Collected data entries:
+ + +
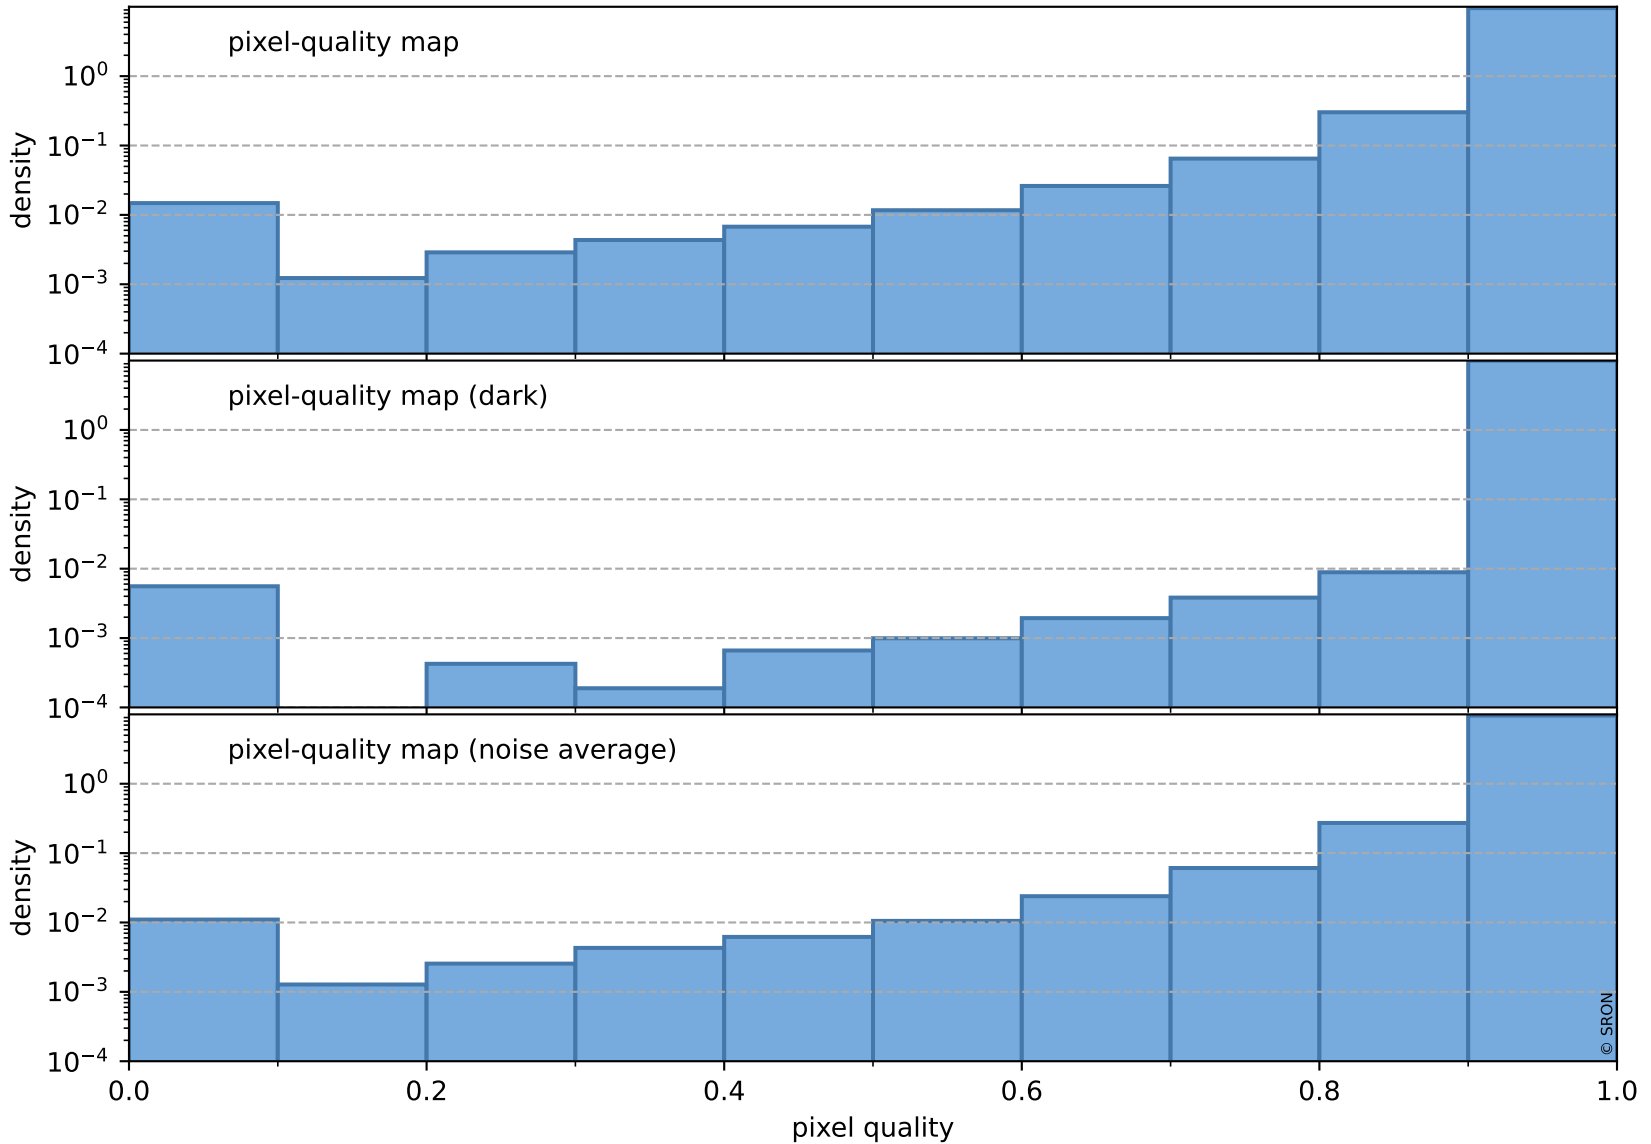

orbits : 19 in [5512, 5557]
coverage : 2018-11-05 / 2018-11-09
to good : 352
good to bad : 802
to worst : 102
created : 2023-08-22T07:49:05

total quality compared with SWIR pixel-quality CKD

Tropomi SWIR pixel quality (official)

orbits : 19 in [5512, 5557]
coverage : 2018-11-05 / 2018-11-09
created : 2023-08-22T07:49:05

Histograms of pixel-quality

Tropomi SWIR pixel quality (official) ground-tracks of Sentinel-5P

orbits : 19 in [5512, 5557]
coverage : 2018-11-05 / 2018-11-09
created : 2023-08-22T07:49:06

Tropomi SWIR pixel quality (official)

orbits : [2827, 5557]
coverage : 2018-04-30 / 2018-11-09
created : 2023-08-22T07:49:06

trend of pixel quality & temperatures
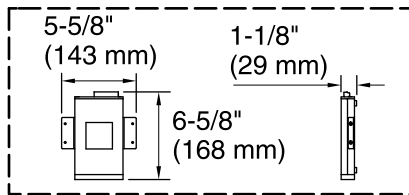

No changes in measurements if connected with drain illustrated. (K-7161-AF)

□ Recommended Faucet Location

Amplifier

Notes

Measure your actual product for rough-in details. Install this product according to the installation instructions.

The hot water supply should be 70% of the capacity of the bath or greater. Installations will vary.

Control amplifier fits 16" (406 mm) center studs. 25' (7.6 m) cables are included.

If installing a rim-mount faucet, make sure there is no interference above or below the deck before drilling any holes.

Required Electrical Service

One circuit required, protected with Class A Ground-Fault Circuit-Interrupter (GFCI). Outside North America, this device may be known as a Residual Current Device (RCD).

Amplifier: 120 V, 15 A, 50/60 Hz

Technical Information

All product dimensions are nominal.

Installation:	Three-wall alcove
Drain location:	Right
Basin area, bottom:	46" x 24" (1168 mm x 610 mm)
Basin area, top:	54" x 27" (1372 mm x 686 mm)
Weight:	71 lbs (32.2 kg)
Minimum floor load:	42 lbs/ft² (205.1 kg/m²)
Water depth:	14" (356 mm)
Water capacity:	63 gal (238.5 L)
Electrical component rating:	Amplifier: 120 V, 50/60 Hz
Minimum flat for door:	2" (50 mm)
Bluetooth® range:	33 ft (0.8 m)
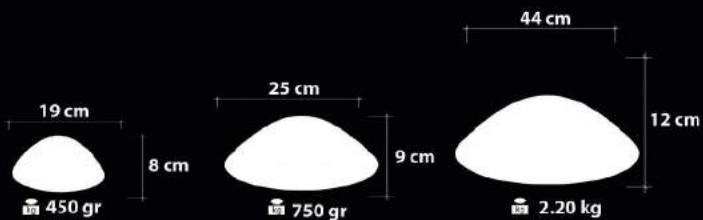

134 Serisi

Series

EnergySaver

Handmade Decor

Ürün Özellikleri / Features

Malzeme / Items : Mat Cam Üstü Boya
/ Paint on Mat Glass

Ampul / Light : E-27 - 75W

144 Serisi

Series

EnergySaver

Handmade Decor

Ürün Özellikleri / Features

Malzeme / Items : Mat Cam Üstü Boya
/ Paint on Mat Glass

Ampul / Light : E-27 - 75W

Cam Rengi / Tesisat Rengi

Cam Rengi / Tesisat Rengi
+ + +
Exercise: The reply should hold every line of the records unchanged and no pictures.

Finished task:
orbits : 19 in [5512, 5557]
coverage : 2018-11-05 / 2018-11-09
to good : 352
good to bad : 802
to worst : 102
created : 2023-08-22T07:49:05

total quality compared with SWIR pixel-quality CKD

Tropomi SWIR pixel quality (official)

orbits : 19 in [5512, 5557]
coverage : 2018-11-05 / 2018-11-09
created : 2023-08-22T07:49:05

Histograms of pixel-quality

Tropomi SWIR pixel quality (official) ground-tracks of Sentinel-5P

orbits : 19 in [5512, 5557]
coverage : 2018-11-05 / 2018-11-09
created : 2023-08-22T07:49:06

Tropomi SWIR pixel quality (official)

orbits : [2827, 5557]
coverage : 2018-04-30 / 2018-11-09
created : 2023-08-22T07:49:06

trend of pixel quality & temperatures

No changes in measurements if connected with drain illustrated. (K-7161-AF)

□ Recommended Faucet Location

Amplifier

Notes

Measure your actual product for rough-in details. Install this product according to the installation instructions.

The hot water supply should be 70% of the capacity of the bath or greater. Installations will vary.

Control amplifier fits 16" (406 mm) center studs. 25' (7.6 m) cables are included.

If installing a rim-mount faucet, make sure there is no interference above or below the deck before drilling any holes.

Required Electrical Service

One circuit required, protected with Class A Ground-Fault Circuit-Interrupter (GFCI). Outside North America, this device may be known as a Residual Current Device (RCD).

Amplifier: 120 V, 15 A, 50/60 Hz

Technical Information

All product dimensions are nominal.

Installation:	Three-wall alcove
Drain location:	Right
Basin area, bottom:	46" x 24" (1168 mm x 610 mm)
Basin area, top:	54" x 27" (1372 mm x 686 mm)
Weight:	71 lbs (32.2 kg)
Minimum floor load:	42 lbs/ft² (205.1 kg/m²)
Water depth:	14" (356 mm)
Water capacity:	63 gal (238.5 L)
Electrical component rating:	Amplifier: 120 V, 50/60 Hz
Minimum flat for door:	2" (50 mm)
Bluetooth® range:	33 ft (0.8 m)

134 Serisi

Series

EnergySaver

Handmade Decor

Ürün Özellikleri / Features

Malzeme / Items : Mat Cam Üstü Boya
/ Paint on Mat Glass

Ampul / Light : E-27 - 75W

144 Serisi

Series

EnergySaver

Handmade Decor

Ürün Özellikleri / Features

Malzeme / Items : Mat Cam Üstü Boya
/ Paint on Mat Glass

Ampul / Light : E-27 - 75W

Cam Rengi / Tesisat Rengi

Cam Rengi / Tesisat Rengi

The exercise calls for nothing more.